\name{varSelImpSpecRF}
\alias{varSelImpSpecRF}
%- Also NEED an '\alias' for EACH other topic documented here.
\title{Variable selection using the "importance spectrum"}
\description{
  Perform variable selection based on a simple heuristic using the
  importance spectrum of the
  original data compared to the importance spectra from the same data
  with the class labels randomly permuted.
}
\usage{
varSelImpSpecRF(forest, xdata = NULL, Class = NULL,
                randomImps = NULL,
                threshold = 0.1,
                numrandom = 20,
                whichImp = "impsUnscaled",
                usingCluster = TRUE,
                TheCluster = NULL, ...)
}
%- maybe also 'usage' for other objects documented here.
\arguments{
  \item{forest}{A previously fitted random forest (see \code{\link[randomForest]{randomForest}}).}
  \item{xdata}{A data frame or matrix, with subjects/cases in rows and
    variables in columns.
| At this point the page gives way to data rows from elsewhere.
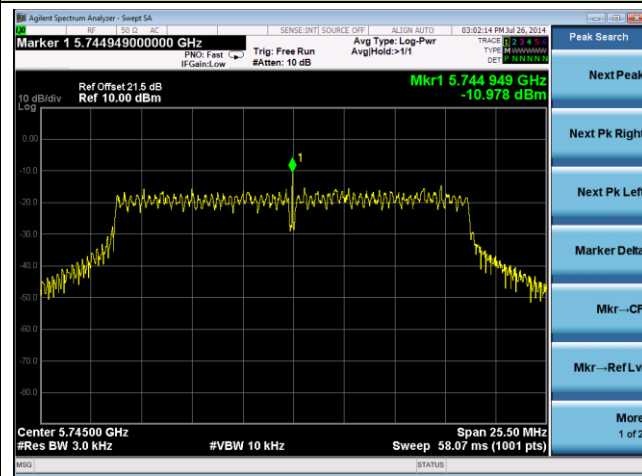

802.11ac-VHT20 PSD - Ant 0 / Ant 0 + 1 + 2 + 3, Beam Forming

Channel 149 (5745MHz)
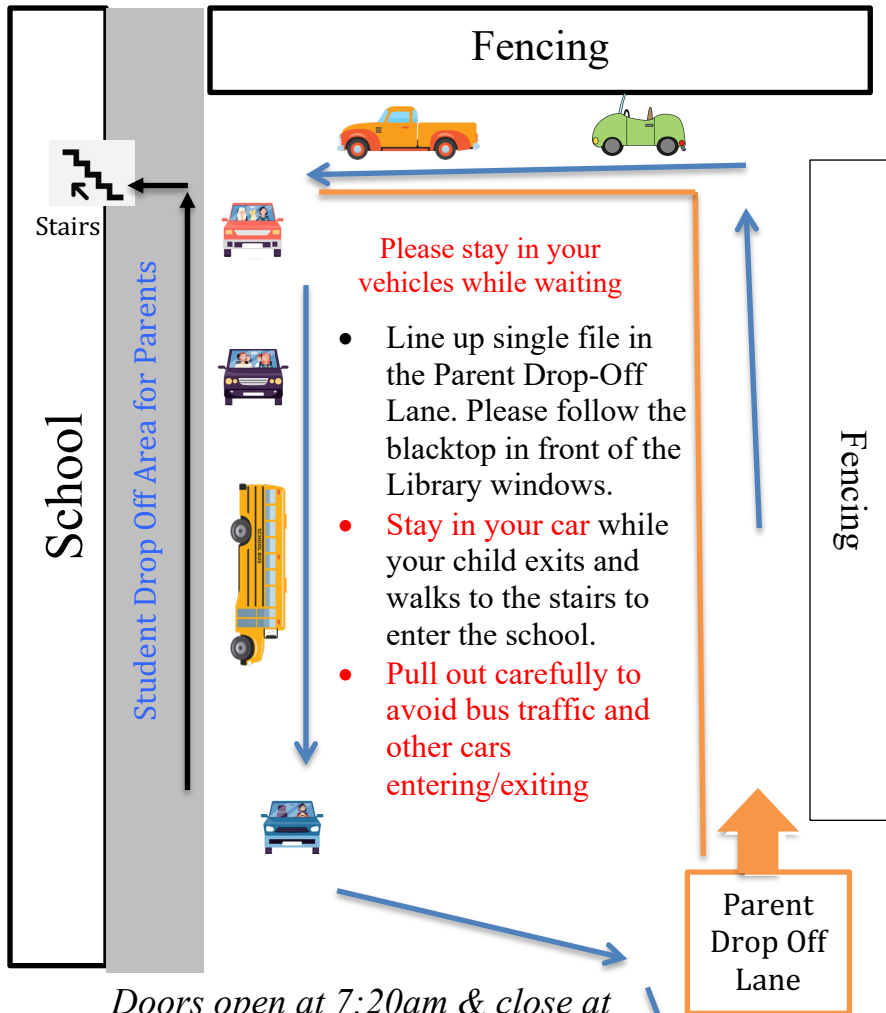

Liberty-Curtin Drop Off and Dismissal Procedures 24-25

Student Drop-Off Procedures (7:20am – 7:40 am)

Doors open at 7:20am & close at 7:40am

Students arriving after 7:40am will be marked absent and need to be escorted into the Main Office.

Student Pick-Up Procedures (2:30pm – 2:45pm)

Bus Arrival starts at 2:15pm and Bus Dismissal starts at 2:30pm followed by Parent Pick-up.

Parent Arrival starts at 2:25pm.
PLEASE DO NOT ARRIVE EARLY
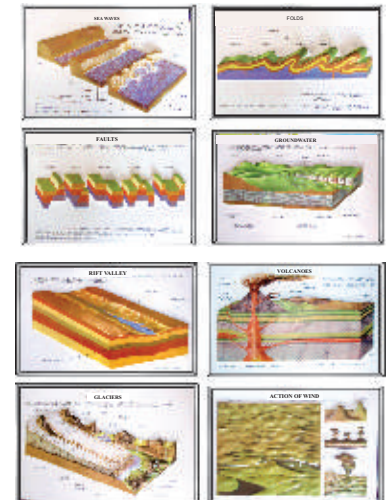

- RMGM09 Sea Waves
- RMGM10 Glaciers
- RMGM11 Rift Valley
- RMGM12 Ground Water
- RMGM13 Faults
- RMGM14 Folds
- RMGM15 Volcanoes
- RMGM16 Action of Wind

RMGM-02 (set of 8)
Each Model 25X35 cm
@ 5400/-
Sold in set only set of 8
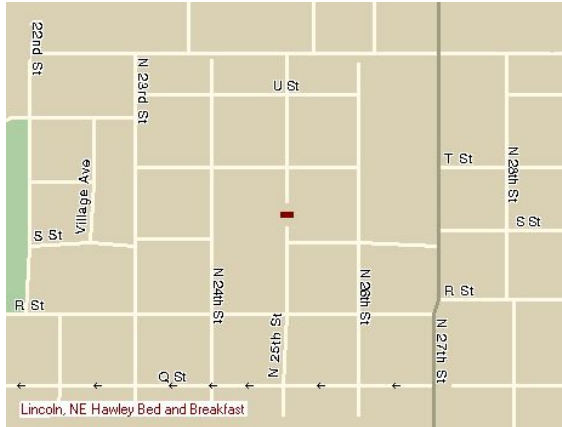

General Directions to Hawley Bed & Breakfast

From Lincoln Municipal Airport:

Follow the road leaving the airport to the traffic light. Turn right at the traffic light, NW 12th Street and follow this street which becomes Cornhusker Hiway to 27th Street. At 27th Street, turn right. Follow 27th Street about 2 miles. The last traffic light you will go through is Vine Street. "S" Street is the next street on the right. Turn right on "S" Street. Follow "S" Street for 2 blocks to 25th Street which is a T intersection where you will have to turn. The Christ Temple Mission Church is on the corner. Turn right. Our house is on the left. [Link to Lincoln Airport](#)
Eppley Airfield - Omaha (402) 422-6817

I-80: From the east or west, exit at 27th Street:

Follow 27th Street south for about 4 miles. The last traffic light you will go through is Vine Street. "S" Street is the next street on the right. Turn right on "S" Street. Follow "S" Street for 2 blocks to 25th Street which is a T intersection where you will have to turn. The Christ Temple Mission Church is on the corner. Turn right. Our house is on the left.

Look for Sterling Village strip mall at 27th and S Streets.

From south east via highway 2:

Follow highway 2 to 27th Street. Turn right (north) on 27th Street and take it to "O" Street, about 4 miles. Continue on 27th Street for 3 more blocks to "R" Street. Turn left (west) on "R" Street. Follow "R" Street for 2 blocks to 25th Street. Turn right (north) on 25th Street and go 1.5 blocks to our house.

From south via highway 77:

Follow highway 77 to highway 2 intersection (the Nebraska State Penitentiary will be on the left). Turn right (east) onto highway 2. Follow highway 2 to 27th Street. Turn left (north) on 27th Street and take it to "O" Street, about 4 miles. Continue on 27th Street for 3 more blocks to "R" Street. Turn left (west) on "R" Street. Follow "R" Street for 2 blocks to 25th Street. Turn right (north) on 25th Street and go 1.5 blocks to our house.
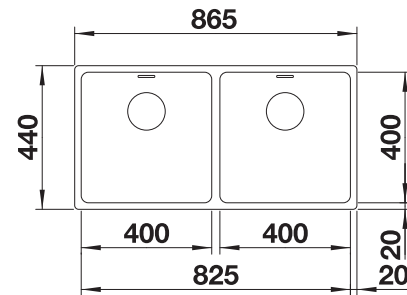

Bowl depth 190/190 mm

Note: Installing a kitchen mixer tap, drain remote control or soap dispenser in laminate worktops requires a flexible sealing tape.

Bowls
stainless steel

900 mm

Suggested optional accessories

BLANCO UNIT with BLANCO ANDANO 400/400-IF
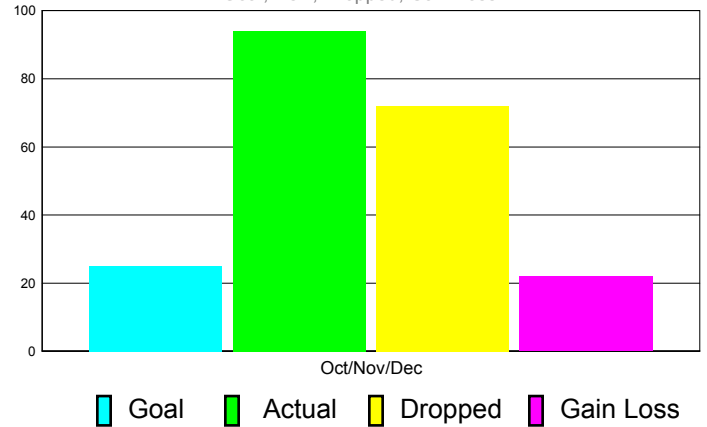

Membership Results 2011-2012

Goal, New, Dropped, Gain/Loss
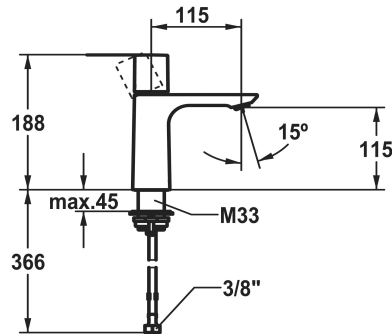

KWC ORA Lever mixer - basin

Modell-Linie: ORA | 12.498.051.176FL
Taps | Manual taps

KWC-No.

125484 chromeline, A 115, flexible connection hoses 3/8", with Push Open
125485 chromeline, A 115, flexible connection hoses 3/8", without pop-up valve
3600016846 brushed gold, A 115, flexible connection hoses 3/8", with Push Open
3600016914 brushed gold, A 115, flexible connection hoses 3/8", without pop-up valve
3600016847 matt black, A 115, flexible connection hoses 3/8", with Push Open
3600016917 matt black, A 115, flexible connection hoses 3/8", without pop-up valve
3600016814 brushed steel, A 115, flexible connection hoses 3/8", with Push Open
3600016919 brushed steel, A 115, flexible connection hoses 3/8", without pop-up valve
3600016848 brushed copper, A 115, flexible connection hoses 3/8", with Push Open
3600016930 brushed copper, A 115, flexible connection hoses 3/8", without pop-up valve
3600016815 brushed graphite, A 115, flexible connection hoses 3/8", with Push Open
3600016940 brushed graphite, A 115, flexible connection hoses 3/8", without pop-up valve

- * Lever mixer
- * EcoProtect - water-saving device
- * Fixed spout
- Neoperl® Perlator® SSR, swivelling jet regulator
- * KWC cartridge M 35 OP
- with ceramic discs

Technical Data

Auslaufmenge
Ablaufgarnitur

NEW

- flow rate and temperature continuously variable
- * Flexible connection hoses 3/8"
- * QuickInstallation - Fastening via threaded connection with locking screws
- * Mounting hole size ø35 mm

4 l/min (3 bar)
ohne Ablaufventil

KWC ORA Lever mixer - basin

Modell-Linie: ORA | 12.498.051.176FL
Taps | Manual taps

Anschluss	Flexible Anschlusschläuche 3/8"
Auslauf	fest
Bedienung	topbedient
Farbcode	matt black
Installationsart	Standmontage
Artikeltyp	Hebelmischer
Mass Höhe	188
Armaturengeräuschgruppe	I
Ausladung A	A 115
Energieetikette (CH)	A
Material	Messing

NAs not allowed.}
  \item{Class}{The dependent variable; must be a factor.}
  \item{randomImps}{A list with a structure such as the object
    return by \code{\link{randomVarImpsRF}}}.
  \item{threshold}{The threshold for the selection of variables. See details.}
  \item{numrandom}{The number of random permutations of the class labels.}
  \item{whichImp}{One of \code{impsUnscaled},
    \code{impsScaled}, \code{impsGini}, that correspond, respectively, to
    the (unscaled) mean decrease in accuracy, the scaled mean decrease
    in accuracy, and the Gini index.  See below and
\code{\link[randomForest]{randomForest}},
    \code{importance} and the references for further explanations of the
    measures of variable importance.}
   \item{usingCluster}{If TRUE use a cluster to parallelize the calculations.}
  \item{TheCluster}{The name of the cluster, if one is used.}
  \item{\dots}{Not used.}
}
\details{
  You can either pass as arguments a valid object for \code{randomImps},
  obtained from a previous call to \code{\link{randomVarImpsRF}} OR
  you can pass a covariate data frame and a dependent variable, and
  these will be used to obtain the random importances. The former is
  preferred for normal use, because this function will not returned the
  computed random variable importances, and this computation can  be
  lengthy.  If you pass both \code{randomImps}, \code{xdata}, and \code{Class},
  \code{randomImps} will be used.


  To select variables, start by  ordering  from largest (\eqn{i=1}) to smallest
  (\eqn{i = p}, where \eqn{p} is the number of
  variables),  the variable importances from the original data and from
  each  of the data sets with permuted class labels. (So the ordering is
  done in each data set independently). Compute 
  \eqn{q_i}, the \eqn{1 - threshold} quantile of
  the ordered variable importances from the permuted data at ordered
  postion \eqn{i}. Then,
  starting from \eqn{i = 1}, let \eqn{i_a} be the first \eqn{i} for which
  the variable importance from the original data is smaller than
  \eqn{q_i}. Select all variables from \eqn{i=1} to \eqn{i = i_a - 1}.

}
\value{A vector with the names of the selected variables, ordered by
  decreasing importance.}
\references{

  Breiman, L. (2001) Random forests.
  \emph{Machine Learning}, \bold{45}, 5--32.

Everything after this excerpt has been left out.